Halo forces start lights alteration at AGP

Work takes place on the Albert Park start light gantry on the eve of the new season

The introduction of the halo cockpit protection device has forced the FIA to adjust the start light gantry at Albert Park to address driver visibility fears.

Concerns had been raised by drivers that the new-for-2018 device could impair vision of the lights at race starts.

To combat this the world motorsport governing body has lowered the main light gantry, a measure which will be implemented at all Formula 1 circuits.

A second set of lights, which were positioned on the middle of the grid, have also been moved further forward to assist drivers.

The field will be allowed to compete practice starts to test the new lighting positions at the end of both 90 minute practice sessions on Friday.

“With the halo what we’ve asked every circuit to do is to make the lights at a standard height above the track,” said F1 Race Director Charlie Whiting.

“We’ve also put a repeat set of lights, in this case off to the left, over the verge.
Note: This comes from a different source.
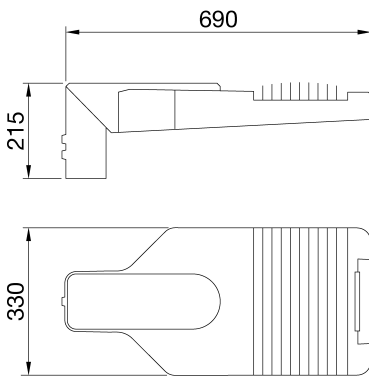

DIMENSIONAL

“Those repeat lights were normally halfway up the grid, and they were fitted round about 2009, when the rear wings became higher on the cars.

“Some drivers complained about not being able to see the main start lights, so that’s when we introduced an extra set.

“But now the wings have been lowered, there’s no need for those halfway up the grid. So I’ve decided to utilise them somewhere else.

“Pole position seems to be the worst-case scenario with the halo there – maybe the driver can’t quite see the lights, or see only half of them, and he might have to move his head too much.

“But then he’s got a repeat set of lights which are five metres further down (the track).

“What I thought would be a good idea was to give the driver sight of those lights rather than have them look at them for the first time on Sunday evening.”

The change follows the introduction of an third DRS zone at the Albert Park circuit, located at the Turn 11-12 chicane.

Meanwhile drivers have suggested that the halo should be used as a means of driver identification, given that it obscures the view of their crash helmets.

Lewis Hamilton, Sebastian Vettel and Daniel Ricciardo voiced similar opinions on the topic, with the latter suggesting a colour scheme should be painted onto the halo to help distinguish between team-mates.

“The only thing I could think of was putting something on the halo to distinguish team-mates,” said Ricciardo.

“Is it the camera or the rollhoop or whatever that sometimes one driver has yellow so you can kind of tell a little bit there?

“Maybe do something between team-mates with the halos just to give fans a little bit of an idea who’s behind the wheel because you don’t really see the helmet now.”

Opening practice for the Formula 1 Rolex Australian Grand Prix begins on Friday at 1200 local time/AEDT.